Petiscos are smaller, shareable, plates of traditional dishes that are generally cheaper than entrées (or main courses) and are influenced by the region—for instance, petiscos in the Algarve will be different than those in Porto or Coimbra. Along the coast, petiscos are centered more around seafood (so it’s common to see steamed shellfish), while in the central and eastern regions meals are more influenced by the land (meaning a variety of cheeses and meats are common “snacks”). There are a few recipes, however, that are likely to appear on menus across the country.
This is a great snack for meat-lovers. Thin strips of pork are marinated in a sauce of garlic, olive oil, and chili pepper (sometimes wine or beer is included) and stir-fried, before being served with pickled vegetables and bread for dipping.

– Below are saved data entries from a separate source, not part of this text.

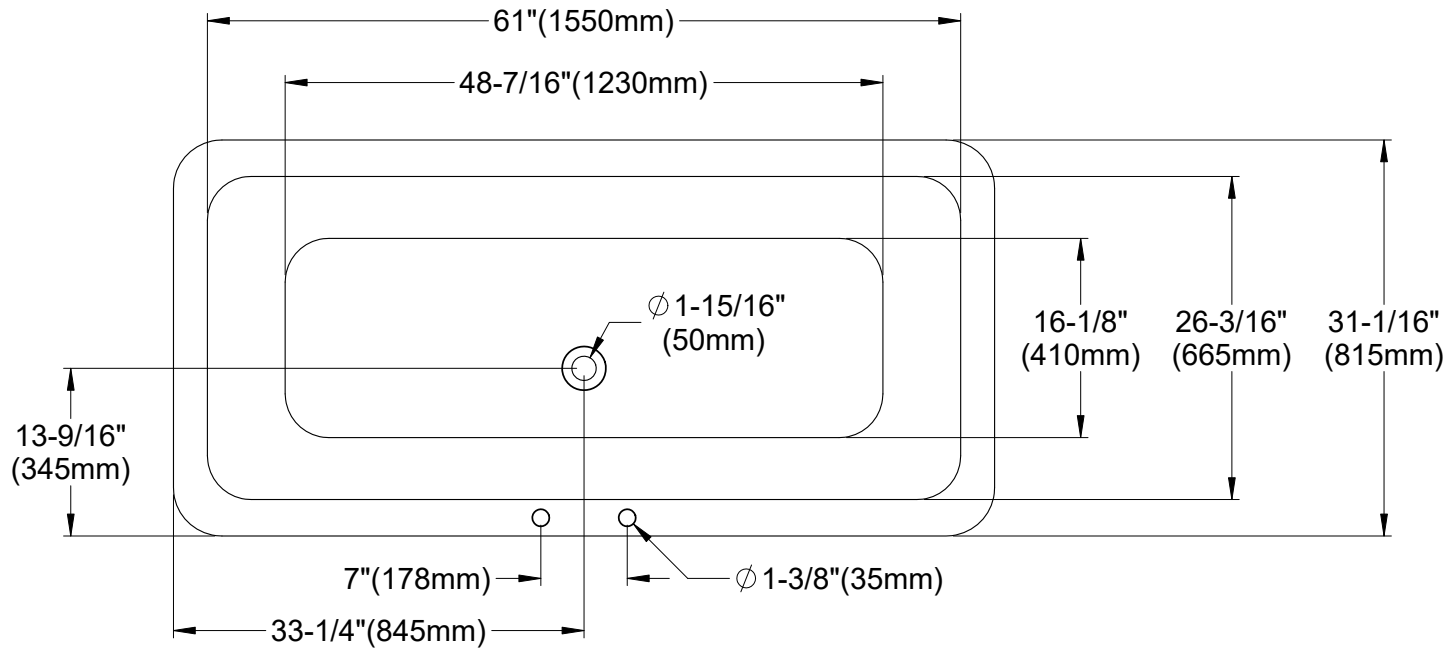

# VCTQ7D6732NL1,2,5,8,W

67" Cast Iron Clawfoot Bathtub With 7" Faucet Drillings

M10 x 20 (4 pcs)

Section A-A
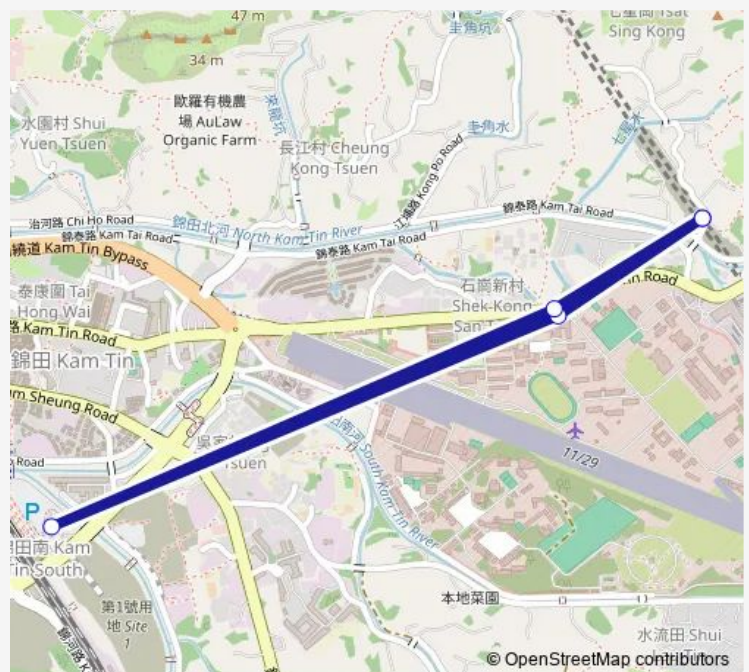

Saturday 06:00-20:30

Sunday 06:00-20:30

Route info

Direction: Concordia Tsat Sing Kong Public Light BUS
Terminus

Stops: 5

Trip Duration: 0 hour 9 min

608s Bus time schedules and route maps are available in an offline PDF at busmaps.com. Use the busmaps.com website to see live bus times, train schedule or subway schedule, and step-by-step directions for all public transit in Yuen Long
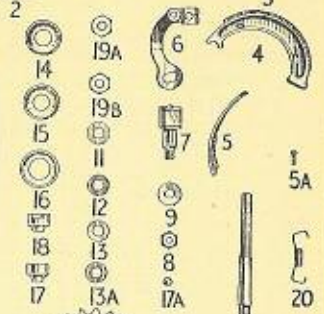

24

25

45

27

28

29

26

21

These prices are subject to 30% increase

THE JAMES CYCLE CO. LTD.

SPARES LIST FOR SUPERLUX AUTOCYCLE  
PLATE 6.

Illus. No.	Part No.	DESCRIPTION	Price
<b>CHAINS AND EQUIPMENT</b>			
1	000584	Pedal chain ... ..	†
2	000583	Driving chain ... ..	†
11	000704	Chain adjuster eye ... ..	9
12	000600	Chain adjuster cap ... ..	3
13	900136	Chain adjuster washer ... ..	1
14	900027	Chain adjuster nut ... ..	1
15	000765	Licence holder ... ..	1
16	000739	Tool box ... ..	12
17	000641	Tool box button ... ..	3
18	900054	Tool box pin ... ..	6
19	900045	Tool box washer ... ..	2
20	900027	Tool box nut ... ..	1
25	000553	Tool wallet ... ..	3
26	000548	Single ended spanner $\frac{7}{8}$ " ... ..	2
27	000545	Double ended spanner, small ... ..	3
28	000546	Double ended spanner, large ... ..	3
29	000437	Plug spanner ... ..	1
30	000547	Exhaust pipe and cone spanner ... ..	3
32	000544	Tyre lever ... ..	1
33	000551	Screw driver ... ..	1
34	000438	Magneto spanner ... ..	6
35	000595	Tyre pump ... ..	7
36	000605	Bulb horn ... ..	6
	000814	Tool kit ... ..	19
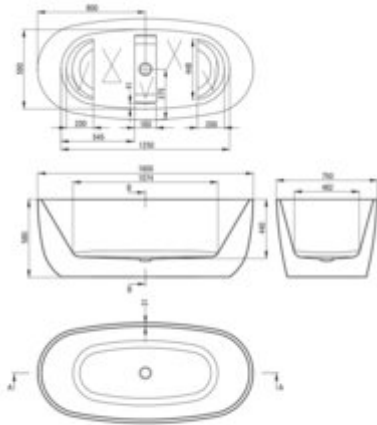

ALPINIA

Acrylic bathtub, freestanding

Product code: KDU_016W

EAN: 5907650867265

Color: white

Warranty [years]: 5

Finish	white
Material	acrylic
Width [mm]	750
Length [mm]	1600
Height [mm]	580
Depth [mm]	440
capacity [l]	255
Installation method	freestanding
built-in overflow	yes
Siphon included	yes
Click-clack plug included	yes

Features:

- Easy to clean and maintain
- Freedom in choosing the faucet - wall-mounted, concealed or floor-mounted
- The set includes a waste trap with a click-clack plug
- Cleaning agent for fixtures in all colors available
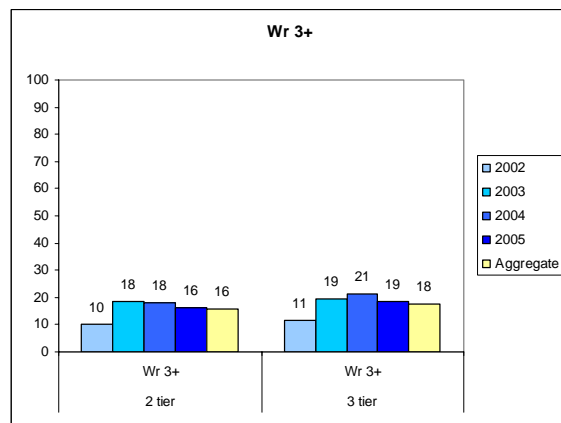

ANNEX 8

Key Stage 1 attainment in the 2 and 3 tier systems in Suffolk 2002 to 2005

Reading at Level 2 and above

Reading at Level 2b and above

Reading at Level 3 and above

Key Stage 1 attainment in the 2 and 3 tier systems in Suffolk 2002 to 2005

Writing at Level 2 and above

Writing at Level 2b and above

Writing at Level 3 and above

Key Stage 1 attainment in the 2 and 3 tier systems in Suffolk 2002 to 2005

Mathematics at Level 2 and above

Mathematics at Level 2b and above

Mathematics at Level 3 and above

Key Stage 1 attainment in the 2 and 3 tier systems in Suffolk 2002 to 2005

Science at Level 2 and above

Science at Level 3 and above
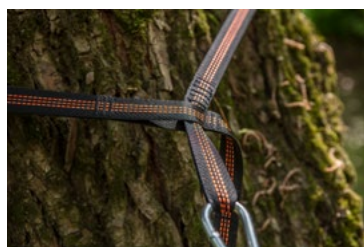

-  OUTDOOR NEO
-  x2
-  15 HOLES
-  2.5 m
-  CAPACITY 300 kg

Ref.  EAN
63-141 1/50 5907558454239

KÁBELFESZÍTŐ

-  OUTDOOR NEO
-  FOR 2.0-5.0 mm ROPE
-  x2
-  2 EASY USE SYSTEMS
-  INCLUDED ROPE ø 3.7 mm 1.5m
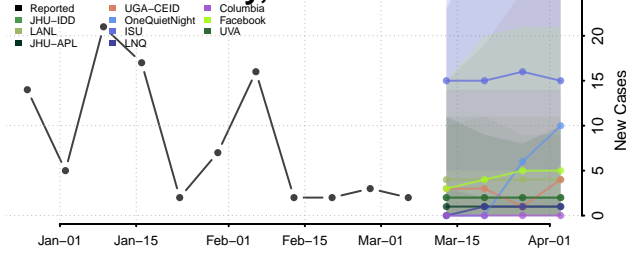

Shannon County, Missouri
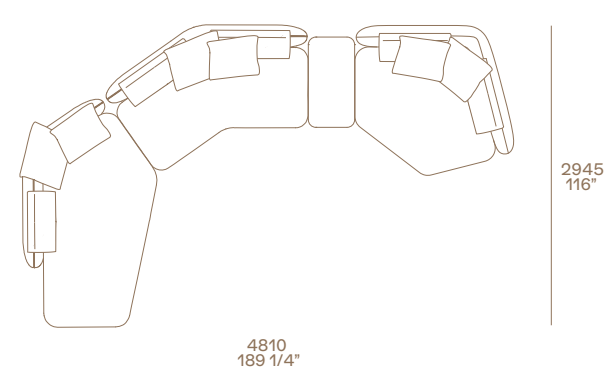

SAINT-GERMAIN

Design Jean-Marie Massaud

Saint-Germain divani

Tessuto sfoderabile Siro 01 bianco.
Cuscini opzionali in tessuto sfoderabile
Brest 02 salvia e velluto sfoderabile
Tebe 07 oliva.
Piedini brown nickel opaco.
Tavolino con piano in olmo nero,
struttura brunito opaco.

Koishi tavolini

Strutture verniciato brunito opaco.
Piani in marmo verde lepanto levigato.
1200x1090 h 270
Piani in vetro riflettente blu.
500x500 h 530

Ube sgabello

Legno massello tinto olmo nero.
l 385 p 335 h 425

Saint-Germain sofas

Removable fabric Siro 01 bianco.
Optional cushions in removable fabric
Brest 02 salvia and removable velvet
Tebe 07 oliva.
Mat brown nickel feet.
Coffee table with top in black elm,
mat brunito structure.

Koishi coffee tables

Structures painted mat brunito.
Tops in mat marble verde lepanto.
47 1/4"x43" h 10 3/4"
Tops in blu reflecting glass.
19 3/4"x19 3/4" h 20 3/4"

Ube stool

Solid wood stained black elm.
w 15 1/4" d 13 1/4" h 16 3/4"

Saint-Germain divani Saint-Germain sofas

Koishi tavolini Koishi coffee tables

Ube sgabello Ube stool
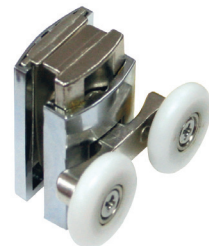

CURVATO MK3 BOTTOM ROLLER

SKU PRBOTROLMK3

- FEATURES SPRUNG LOADED QUICK RELEASE MECHANISM FOR EASY CLEANING OF LOWER AREA OF DOOR PANEL
- SINGLE SCREW FIXING

SUITS CURRENT (POST 2012) MODEL CURVATO SHOWERS
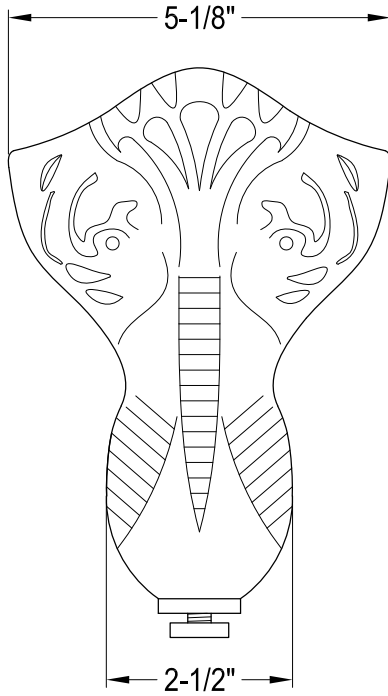

# VCTNT0,1,5,6,7,8

Cast Iron Tub Feet (4 Pcs/ Set)

M10 x 20 (4 pcs)

Feet with C & E marking

Feet with D & F marking
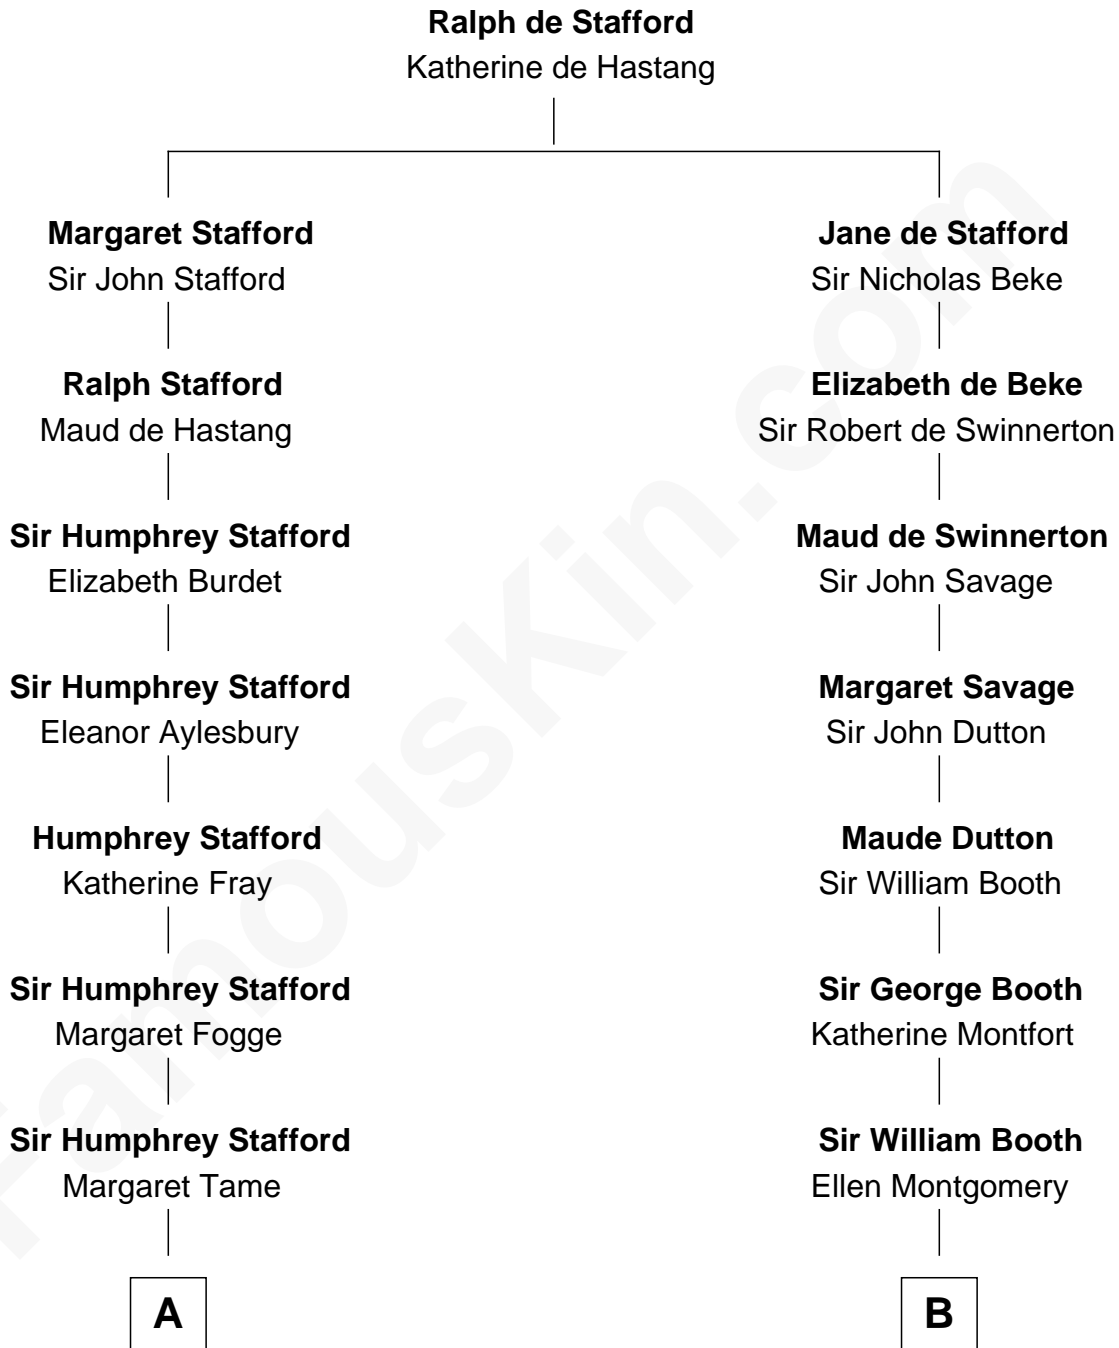

FamousKin.com Relationship Chart of

Richard Nixon

37th U.S. President

19th cousin 1 time removed of

Barbara (Pierce) Bush

First Lady of President George H.W. Bush

C

Almira Park Burdg
Franklin Milhous

Hannah Milhous
Francis Anthony Nixon

Richard Nixon
37th U.S. President

D

Jerome Place Marvin
Martha Ann Stokes

Mabel Marvin
Scott Pierce

Marvin Pierce
Pauline Robinson

Barbara (Pierce) Bush
First Lady of George H.W. Bush

It’s well known that salt cod is a staple in Portuguese cuisine—so much so that the Portuguese are believed to have developed a different cod recipe for every day of the year. One of them is bolinhos de bacalhau, fried balls of cod mixed with egg, potatoes, onion, and parsley. This is also a dish that can be expected at holiday dinners.
If you ever get a chance to visit a fado house, keep an eye out for the waiter, who will inevitably serve a clay dish topped with Portuguese sausage that has been lit on fire. This is a traditional way of grilling chouriço, a spiced pork sausage similar to Spanish chorizo.
Light and fresh, salada de polvo, or octopus salad, is a seaside favorite that’s arguably best accompanied with a glass of white wine or crisp Vinho Verde. In its simplest form, it is made with boiled octopus that has been chopped into bite-sized pieces and mixed with chopped onion and parsley before being drizzled with Portuguese olive oil. Some cooks like to mix other vegetables too, like chopped tomato and/or chopped bell pepper.
Garlic, white wine and cilantro add flavor to this clam dish that’s a national favorite, named after the 19th-century Lisbon poet Bulhão Pato. As is customary with most Portuguese meals, make sure to have some bread on the side for dipping.
Caracóis, small snails, are most popular in Lisbon, but this summertime snack pops up in most seaside villages across the country between May and September.
Wine bars are the typical place where you’ll find beautifully rustic cheese and meat platters showcasing combinations influenced by different regions. A few of the most popular regional plates include presunto (dry-cured ham) from the Alentejo, creamy and aromatic cheese from the Serra da Estrela, and sausages from Trás-os-Montes.